John Paul II Foundation / Magazine / A Church for unity: the Lutheran Church in Jordan and the Holy Land

A church for unity: the Lutheran Church in Jordan and the Holy Land

by Riccardo Burigana

The Evangelical Lutheran Church in Jordan and the Holy Land (ELCJHL) has for years been committed to promoting Christian unity in the Middle East, with a focus on peace-building through the contribution of Christians, who are called to witness together to God's merciful love that helps reconciliation of memories.

The history of the Lutheran presence is relatively recent; in fact, it dates back to the mid-19th century, when German and Anglo-Saxon missionaries began a work to support the Christian communities, which were already present in the area. Soon the presence of these missionaries brought about a new season of evangelization, targeting all the inhabitants of the region, with the aim of creating a Protestant community. The first fruits of this work were the establishment of a series of local communities that in 1841 were united into an Anglican-Lutheran diocese, which as early as 1845 opened a hospital, while in 1851 the project to create a girls' school, the first in the region, got under way, and in 1860 an orphanage was opened. The experience of a local church, consisting of Lutherans and Anglicans, was interrupted in 1866 for political reasons, namely the Prussian policy for the creation of a German empire, with a nationalist drive that also affected German religious communities around the world, although it was now clear that Lutheran perspectives were different from Anglican ones in the region. Lutherans were interested in the creation of educational and social facilities in the belief that this was the way to alleviate the material and spiritual needs of the men and women of the region. For decades, this activity led to a slow growth in the membership of the community, which only after the end of World War II began to have its own structure.
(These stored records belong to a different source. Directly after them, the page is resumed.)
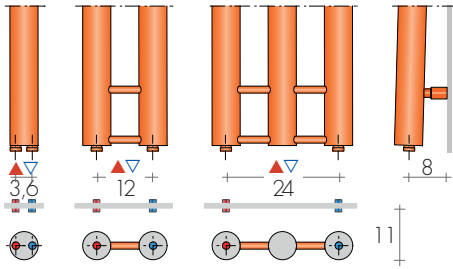

design Bettazzi+Percoco Architects disponible en trois dimensions, à poser au mur, avec des angles différents.

DIMENSIONS

H = 160/175/190 cm

L = de 19 à 51 cm

P = 17/14/16 cm

MODELE PAILLE	H-L cm	Standard blanc sablé €	EN 442		▲▼ entraxe cm	Hauteur H cm	Largeur L cm	Poids M Kg	Volume V dm³	Version MIXTE* (R.E. cl.II) avec :		
			Δt 50 K watt	Δt 30 K watt						cable [∅] €	thermostat digital W	thermostat digital €
CANN	160-28	499,10	141	74	3,6	160	28	4,2	4,4	-	-	-
CANN	175-15	517,10	155	82	3,6	175	15	4,5	4,7	-	-	-
CANN	190-19	535,10	167	88	3,6	190	19	4,8	5,1	-	-	-
CANN	160/175-40	806,30	301	158	12	175	40	8,1	9,1	89,90	400	152,20
CANN	160/190-40	824,20	313	165	12	190	40	8,4	9,5	89,90	400	150,20
CANN	175/190-27	842,20	327	172	12	190	27	8,7	9,9	91,80	500	152,20
CANN-3	190-48	1071,40	473	249	24	190	48	12,2	14,3	89,90	650	150,20
CAN-P	160/190-47	1053,80	568	244	19	190	47	16,3	11,2	89,90	650	150,20
CAN-3P	190-51	1301,00	807	342	27	190	51	22,7	16,5	91,80	800	152,20

▶ En Stock

Δt 40K = Watt Δt 50K x 0,755

*Accessoire TR ou robinet mixte
∅ Thermostat radio p.227

BARRE avec fixation murale
(couleur blanche ou du radiateur)

Art. MCA 30 69,60€ 30/15 cm (L/p)
Art. MCA 36 75,60€ 36/18 cm (L/p)

REALISATIONS STANDARD

Peinture blanc sablé - Consoles B.
Tolérances ± 3 mm - Purgeurs ø1/8"
PRESSION DE SERVICE MAXIMALE 8 BARS

REALISATIONS SUR DEMANDE

Peinture d'après nuancier BREM
avec consoles en couleur +15/25%
Version électrique, e-Cannuccia, page 264

RACCORDS STANDARD

EG ø 1/2"
Raccords ø 3/8" sur demande
Raccordements spéciaux, p. 287

ENTRAXE RACCORDEMENTS
MODELE CANN ...

MODELE CAN-P.. avec panneau chauffant

CAN-P
160/190-47

CAN-3P
190-51

CANN 160/190-40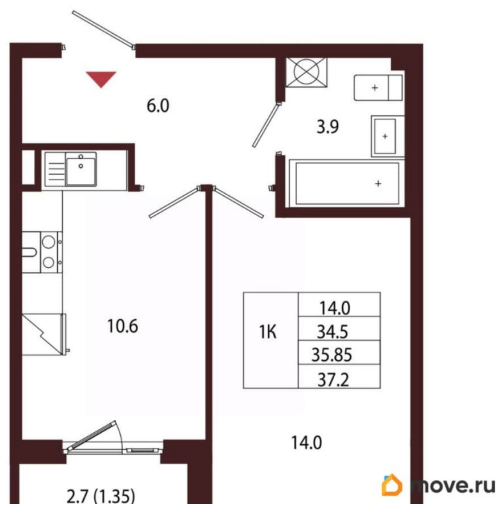

Move.ru - вся недвижимость России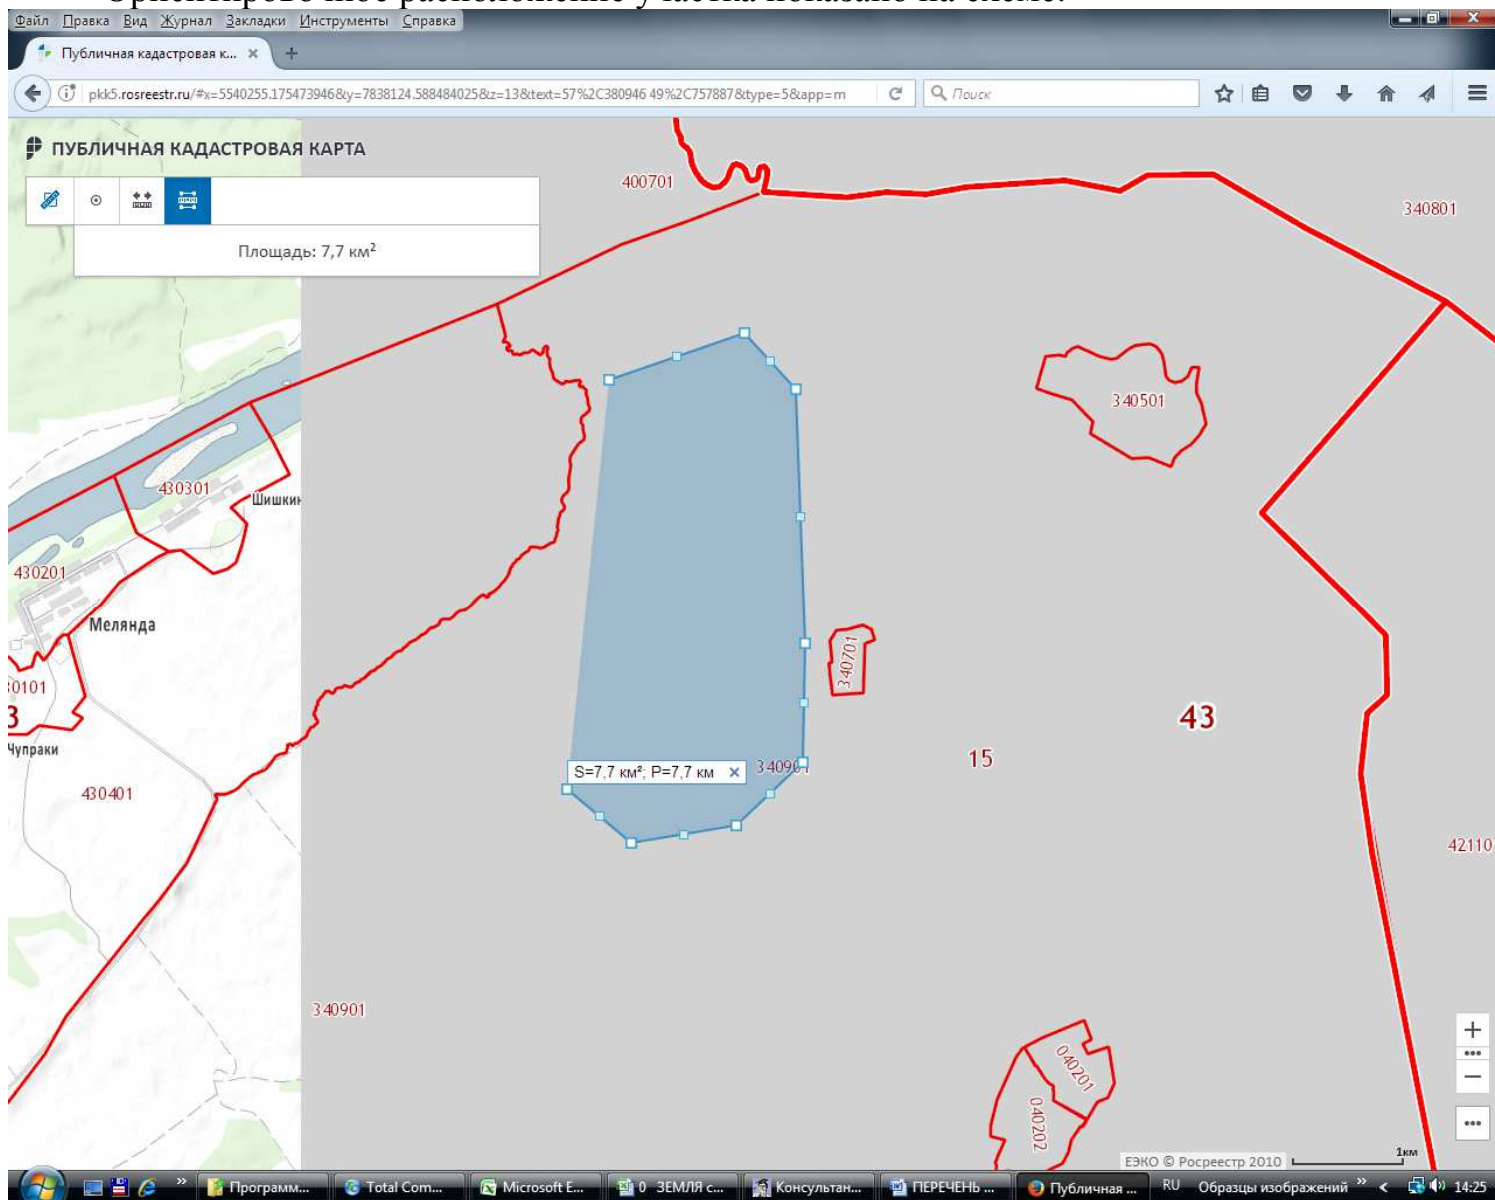

4. Из земельного участка с кадастровым номером 43:15:000000:72

Ориентировочная площадь 800 га.

Категория земель: земли сельскохозяйственного использования.

Цель использования: для сельскохозяйственного использования.

Местоположение: Кировская область, Лебяжский район, Михеевское сельское поселение.

Ориентировочное расположение участка показано на схеме:

Телефон для справок:

администрация Михеевского сельского поселения
(83344) 2-02-56 специалист Целищева Елена Ивановна
(83344) 2-11-92 глава Обухова Татьяна Алесандровна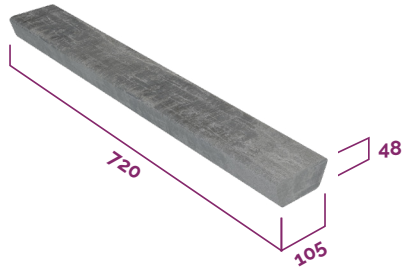

RAFFMETAL

THE ALUMINIUM EVOLUTION

CONFIGURAZIONE PACCO 9+7

PESO MEDIO PANE : 8 KG

PESO MEDIO PACCO : 1.000 KG

CONFIGURAZIONE PACCO DOPPIO PANE BASE

PESO MEDIO PANE : 8 KG

PESO MEDIO PACCO : 1.100 KG

CONFIGURAZIONE PACCO BARRE CORTE

PESO MEDIO PANE : 7.5 KG

PESO MEDIO PACCO : 750 KG

LE CONFIGURAZIONI SOPRA RIPORTATE POSSONO ESSERE COMBINATE TRA DI LORO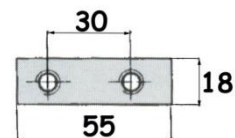

ΑΦΟΙ ΦΡΑΓΓΙΑ Ε.Ε.

ΕΙΣΑΓΩΓΗ - ΕΜΠΟΡΙΑ
ΕΙΔΩΝ ΑΜΑΞΟΠΟΙΪΑΣ

ΜΕΝΤΕΣΕΔΕΣ ΓΙΑ ΠΑΡΑΠΕΤΙΑ

ΚΩΔ: 017.302.000 / ΑΡΣΕΝΙΚΟ

(gr.210)

ΚΩΔ: 017.302.001 / ΘΗΛΥΚΟ

(gr.187)

ΚΩΔ: 017.302.002 / ΛΑΜΑΚΙ

(gr.40)

ΚΩΔ: 001.303.100 ΚΟΜΠΛΕ

(gr.520)

ΤΡΕΪΛΕΡ

ΚΩΔ: 000.304.000 ΚΟΜΠΛΕ

(gr.280)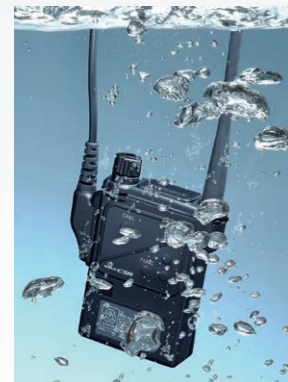

特定小電力
デュプレックストランシーバー

HX825

同時通話の使いやすさを極めた同時通話専用トランシーバー

反転表示機能

胸ポケットなどに入れて、表示内容が見えにくい際、表示内容を180°回転させて見やすくすることができます。

マイク感度切替機能

マイク感度を5段階に切り替えられます。

安心の耐塵・防水性能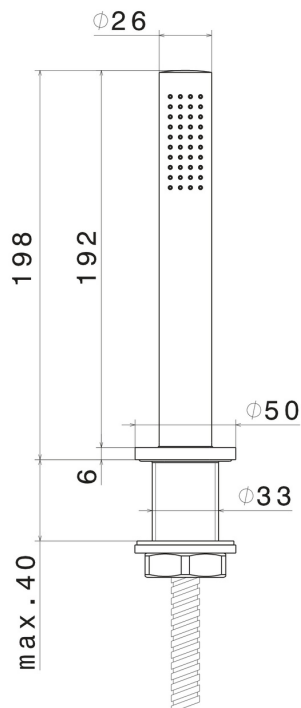

# XT

**4297.58.063**

Ensemble complet de douche pour ensemble monté sur plan  
- finition PVD Gun Metal

SAVE  
WATER

PVD Gun Metal

## CARACTÉRISTIQUES

Matériau

Laiton

Technologie

Save Water

Installation

Bord de baignoire

Type de perçage

## DESSIN TECHNIQUE

**XT**

**4297.58.063**

Ensemble complet de douchette pour ensemble monté sur plan - finition PVD Gun Metal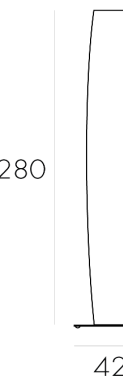

H199 Lampadaire / floor lamp 280 / E27

7 douilles E27 - A titre indicatif : 7 lampes LED 12W/E27 Soit 84W/7000Lm

Socle - Base :	
Acier gris ou noir grainé / grey or black met	1 707,06 €
Inox brossé / stainless steel	1 993,18 €

Options : H161 - H162 - H198 - H199

Variateur à pied / Foot dimmable button **58,32 €**

On May 7, 1959, King Hussein approved the recognition of the Evangelical Lutheran Church in Jordan, which, over the years, began to grow, including welcoming refugees from the State of Israel. At the same time, the Lutheran Church in Jordan had begun a journey of transformation from a missionary church to a local church such that in 1974 it joined the Lutheran World Federation, established in 1947. In 1979 the first Palestinian bishop was elected, Rev. Daoud Haddad, who became a point of reference not only for Lutherans in the region because of his commitment to ecumenical dialogue, strengthening a path that was to become one of the special features of the Lutheran Church of Jordan, which in 2005 added "Holy Land" to its name so as to make even more explicit the idea of a pastoral care that included not only Jordan anymore but also the state of Israel and the Palestinian Authority, reaffirming the priority of ecumenical commitment to peace in the region.

            This ecumenical vocation for peace took on a new dimension, in 1998, with the appointment as bishop of Rev. Younan Munib, who had always been involved in international ecumenical bodies, starting with the Council of Christian Churches of the Middle East and ending with the Ecumenical Council of Churches, which welcomed the Lutheran Church of Jordan and the Holy Land in 2013, precisely during Bishop Munib's 20-year presidency. The latter, in 2010, was called to the presidency of the Lutheran World Federation, which gathered 148 members in 99 countries, with the task of leading Lutherans in the time of preparation and celebration of the 500th anniversary of the beginning of the Reformation (1517-2017). It was precisely thanks to Bishop Munib that this anniversary became an ecumenical occasion, particularly fruitful for the rethinking of relations among Christians, with a renewed commitment to a common witness to the Word of God, as was said and signed in the ecumenical prayer in Lund (Oct. 31, 2016), presided over by Bishop Munib and Pope Francis.

Precisely as president of the Lutheran World Federation, Bishop Munib spoke in February 2017 in Florence at a conference for the 500th anniversary of the beginning of the Reformation, as part of an international historical-religious research project, Rereading the Reformation, coordinated by the Centro Studi per l'Ecumenismo in Italia; on that occasion Bishop Munib delivered a speech, Re-reading the Reformation, published in the John Paul II Foundation's journal, "Colloquia Mediterranea" [7 (2017), pp. 9-18], by which the common commemoration of the Reformation was to open new avenues for ecumenical witness, especially for peace-building, rooted in the Christian values of dialogue, welcome and sharing.

At the head of the Lutheran Church of Jordan and the Holy Land, which is headquartered at the Church of the Redeemer in Jerusalem, Bishop Sani Ibrahim Charlie "Barhoum" Azar was elected on Jan. 12, 2018, to continue the work of his predecessor, Bishop Munib, for a concrete, daily commitment to peace-building as the priority commitment of Christians, who are called to be "salt of the world."